If U.S. disengagement has made preventing conflict between states somewhat harder to achieve, it has also put at risk our mission to contain the Islamic State.
At the end of 2019, just after the Trump administration announced withdrawal from Syria, Operation Inherent Resolve’s commanders estimated that ISIS maintained only about 2,000 fighters in the Middle Euphrates River Valley. But while ISIS-backed attacks on coalition positions continued and anti-ISIS airstrikes were ongoing, this paltry force was “not enough” to make “significant or lasting gains.” The balance has since shifted in this terrorist organization’s favor.
Last week, the United Nations Security Council revealed that ISIS is reconstituting itself under new leadership. The group has again begun mounting “bold insurgent attacks” against both Western and Syrian government positions in Iraq and Syria’s poorly policed border areas.
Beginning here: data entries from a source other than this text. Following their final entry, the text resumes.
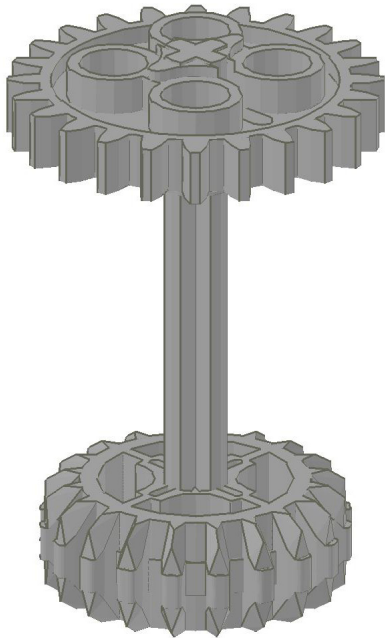

D E E P  S P A C E

TERRAFORMERS

Fissure Sensors

Building Instructions

Fissure Sensors

Materials

3X TECHNIC Axle 5 **A**

3X TECHNIC Gear 20 Tooth Double Bevel **B**

3X TECHNIC Gear 24 Tooth **C**

One

Two

The UN mission’s findings dovetail with the assessment of U.S. Special Representative for Syria Ambassador James Jeffrey, who painted a similarly grim picture on January 30. “[W]e are seeing ISIS come back as an insurgency, as a terrorist operation, with some 14- to 18,000 terrorists between Syria and Iraq,” he told reporters at the State Department. With thousands of new fighters and an estimated $100 million in the bank, ISIS has begun retaking control of territory that once briefly constituted the Islamic State caliphate.
American voters have never been fond of U.S. obligations in Syria, but why would they be? When confronting the threats brooding in that near-lawless state, U.S. lawmakers have routinely led with the reasons why America should not engage in this contest. From Barack Obama’s September 10, 2013, primetime address to Donald Trump’s October 2019 tweets disparaging the American mission, the public is routinely bombarded with the reasons why America, the world’s only superpower, must avoid the Syrian entanglement.
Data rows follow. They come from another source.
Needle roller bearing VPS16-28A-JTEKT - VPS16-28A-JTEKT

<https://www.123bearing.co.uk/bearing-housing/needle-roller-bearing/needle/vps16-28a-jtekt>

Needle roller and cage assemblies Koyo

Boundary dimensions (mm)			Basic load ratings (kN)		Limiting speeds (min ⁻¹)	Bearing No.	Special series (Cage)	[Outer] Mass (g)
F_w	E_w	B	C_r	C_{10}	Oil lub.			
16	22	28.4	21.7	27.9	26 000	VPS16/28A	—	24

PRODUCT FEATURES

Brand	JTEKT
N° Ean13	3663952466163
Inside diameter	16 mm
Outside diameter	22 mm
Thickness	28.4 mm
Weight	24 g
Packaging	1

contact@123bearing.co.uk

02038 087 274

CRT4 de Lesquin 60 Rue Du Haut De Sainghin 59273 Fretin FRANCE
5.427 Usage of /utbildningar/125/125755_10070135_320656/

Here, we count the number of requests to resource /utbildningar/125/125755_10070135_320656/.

It’s no wonder those voters might be confused as to why those same policymakers have subordinated their objections to the imperative of defending U.S. interests in Syria. America’s political class has never had enough faith in the voting public to level with them about what’s at stake. But Western interests in Syria did not cease to exist. Indeed, those interests seem increasingly imperiled by unabated violence and political chaos in the Levant. If Syria’s trajectory continues along its present course, Americans are going to be hearing a lot more about it. And soon.